ACTIVITY - This exercise calls for a copy of every line in the listing below that carries the word "Baths".

DATASET ENTRIES -
____________________

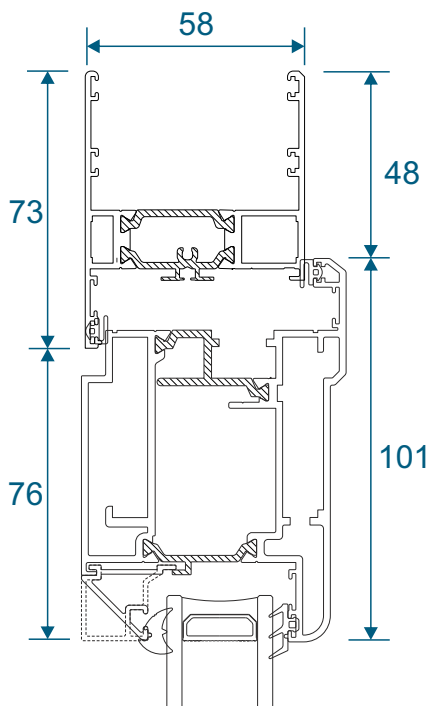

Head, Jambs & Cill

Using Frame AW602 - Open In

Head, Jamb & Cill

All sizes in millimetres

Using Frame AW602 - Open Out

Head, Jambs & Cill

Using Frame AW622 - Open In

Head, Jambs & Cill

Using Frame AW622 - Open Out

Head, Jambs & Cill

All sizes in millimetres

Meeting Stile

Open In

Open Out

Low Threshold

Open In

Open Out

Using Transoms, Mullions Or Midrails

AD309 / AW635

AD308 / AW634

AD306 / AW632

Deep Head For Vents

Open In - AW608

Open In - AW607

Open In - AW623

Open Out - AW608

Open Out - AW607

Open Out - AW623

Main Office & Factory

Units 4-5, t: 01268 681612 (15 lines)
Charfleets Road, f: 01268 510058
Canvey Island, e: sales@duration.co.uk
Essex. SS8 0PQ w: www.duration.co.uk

____________________

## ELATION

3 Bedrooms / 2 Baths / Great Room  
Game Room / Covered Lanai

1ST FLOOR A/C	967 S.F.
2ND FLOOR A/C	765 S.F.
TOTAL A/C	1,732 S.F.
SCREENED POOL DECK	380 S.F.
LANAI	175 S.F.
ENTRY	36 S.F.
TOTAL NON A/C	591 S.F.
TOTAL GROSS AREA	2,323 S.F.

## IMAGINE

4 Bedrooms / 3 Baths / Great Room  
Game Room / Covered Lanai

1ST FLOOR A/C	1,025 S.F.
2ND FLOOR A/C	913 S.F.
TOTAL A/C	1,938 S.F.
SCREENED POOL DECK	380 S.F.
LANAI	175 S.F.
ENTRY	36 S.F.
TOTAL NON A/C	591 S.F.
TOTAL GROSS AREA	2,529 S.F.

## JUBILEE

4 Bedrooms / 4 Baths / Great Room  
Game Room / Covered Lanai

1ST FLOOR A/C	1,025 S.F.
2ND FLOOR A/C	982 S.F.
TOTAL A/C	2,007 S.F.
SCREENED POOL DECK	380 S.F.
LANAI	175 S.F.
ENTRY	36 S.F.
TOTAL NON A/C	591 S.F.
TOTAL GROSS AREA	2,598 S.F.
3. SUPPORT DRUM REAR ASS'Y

____________________

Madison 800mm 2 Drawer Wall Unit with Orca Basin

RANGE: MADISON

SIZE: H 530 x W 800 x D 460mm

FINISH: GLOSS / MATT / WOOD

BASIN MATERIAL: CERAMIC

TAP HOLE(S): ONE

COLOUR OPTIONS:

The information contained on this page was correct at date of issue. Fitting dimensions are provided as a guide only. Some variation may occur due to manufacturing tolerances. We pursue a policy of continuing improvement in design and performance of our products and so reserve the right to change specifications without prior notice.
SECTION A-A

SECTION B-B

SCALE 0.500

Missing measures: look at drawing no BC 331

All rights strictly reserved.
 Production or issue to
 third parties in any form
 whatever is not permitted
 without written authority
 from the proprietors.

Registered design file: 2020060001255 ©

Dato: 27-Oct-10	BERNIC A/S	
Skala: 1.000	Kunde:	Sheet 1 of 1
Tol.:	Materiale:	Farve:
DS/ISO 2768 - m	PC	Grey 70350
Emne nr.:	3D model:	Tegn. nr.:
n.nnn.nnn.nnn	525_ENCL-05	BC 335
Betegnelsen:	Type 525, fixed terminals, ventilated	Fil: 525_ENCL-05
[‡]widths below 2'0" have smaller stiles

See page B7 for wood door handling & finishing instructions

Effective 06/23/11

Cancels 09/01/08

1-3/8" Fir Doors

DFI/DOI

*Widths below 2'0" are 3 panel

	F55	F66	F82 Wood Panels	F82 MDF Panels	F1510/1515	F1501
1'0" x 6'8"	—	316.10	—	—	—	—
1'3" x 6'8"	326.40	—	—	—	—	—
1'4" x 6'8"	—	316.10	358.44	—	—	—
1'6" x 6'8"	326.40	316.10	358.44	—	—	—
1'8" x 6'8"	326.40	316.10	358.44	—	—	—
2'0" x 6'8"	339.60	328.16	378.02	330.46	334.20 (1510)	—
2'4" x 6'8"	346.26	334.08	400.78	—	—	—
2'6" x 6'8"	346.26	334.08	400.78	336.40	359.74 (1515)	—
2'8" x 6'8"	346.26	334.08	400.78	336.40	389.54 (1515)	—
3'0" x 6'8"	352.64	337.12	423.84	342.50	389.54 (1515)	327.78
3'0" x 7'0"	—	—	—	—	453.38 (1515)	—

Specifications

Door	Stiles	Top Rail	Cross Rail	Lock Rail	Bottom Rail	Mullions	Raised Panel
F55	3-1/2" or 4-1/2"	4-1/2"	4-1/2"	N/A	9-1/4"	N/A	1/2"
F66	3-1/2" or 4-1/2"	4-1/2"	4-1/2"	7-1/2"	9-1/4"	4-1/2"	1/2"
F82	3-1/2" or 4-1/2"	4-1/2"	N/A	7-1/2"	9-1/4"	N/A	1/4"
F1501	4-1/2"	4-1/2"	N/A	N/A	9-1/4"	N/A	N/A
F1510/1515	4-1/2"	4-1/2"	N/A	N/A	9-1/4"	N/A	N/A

____________________

RESULT OF THIS EXERCISE -
3 Bedrooms / 2 Baths / Great Room  
4 Bedrooms / 3 Baths / Great Room  
4 Bedrooms / 4 Baths / Great Room  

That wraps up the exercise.